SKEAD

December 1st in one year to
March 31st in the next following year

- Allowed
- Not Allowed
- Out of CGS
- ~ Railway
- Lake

* * *

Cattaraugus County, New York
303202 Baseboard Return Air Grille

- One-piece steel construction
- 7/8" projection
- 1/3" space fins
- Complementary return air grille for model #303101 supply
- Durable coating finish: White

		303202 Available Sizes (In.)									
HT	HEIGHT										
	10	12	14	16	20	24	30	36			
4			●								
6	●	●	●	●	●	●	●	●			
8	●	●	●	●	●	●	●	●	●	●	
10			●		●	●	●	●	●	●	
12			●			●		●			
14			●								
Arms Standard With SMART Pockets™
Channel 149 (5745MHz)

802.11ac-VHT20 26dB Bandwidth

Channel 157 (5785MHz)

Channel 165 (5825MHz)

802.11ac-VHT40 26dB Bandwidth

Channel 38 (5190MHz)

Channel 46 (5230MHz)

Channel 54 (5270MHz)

==

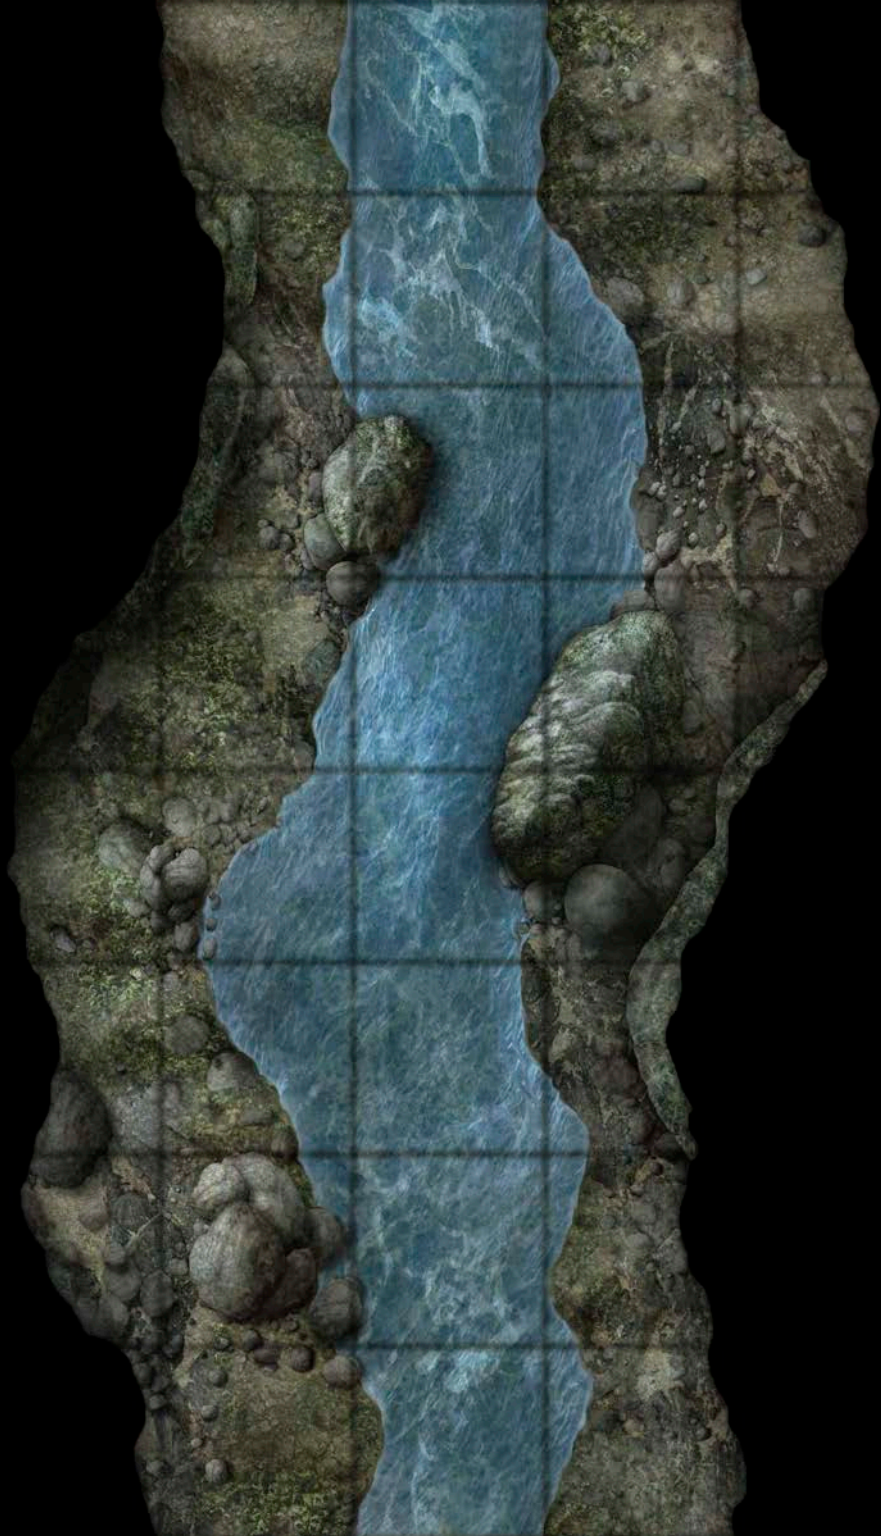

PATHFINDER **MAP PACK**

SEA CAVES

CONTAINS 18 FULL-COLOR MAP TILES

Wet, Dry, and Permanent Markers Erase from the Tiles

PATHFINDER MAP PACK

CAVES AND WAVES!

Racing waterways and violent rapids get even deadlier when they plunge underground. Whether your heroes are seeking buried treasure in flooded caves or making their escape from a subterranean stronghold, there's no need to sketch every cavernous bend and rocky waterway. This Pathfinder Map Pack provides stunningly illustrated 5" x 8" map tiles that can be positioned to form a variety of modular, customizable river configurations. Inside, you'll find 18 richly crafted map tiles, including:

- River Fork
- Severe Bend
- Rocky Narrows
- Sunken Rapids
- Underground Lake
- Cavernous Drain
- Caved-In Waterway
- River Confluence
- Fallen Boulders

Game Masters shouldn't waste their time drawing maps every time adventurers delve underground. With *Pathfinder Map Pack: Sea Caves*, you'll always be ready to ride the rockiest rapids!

Task objective:
How many lines of the listing contain "from"? Say only that number.

Answer area:
2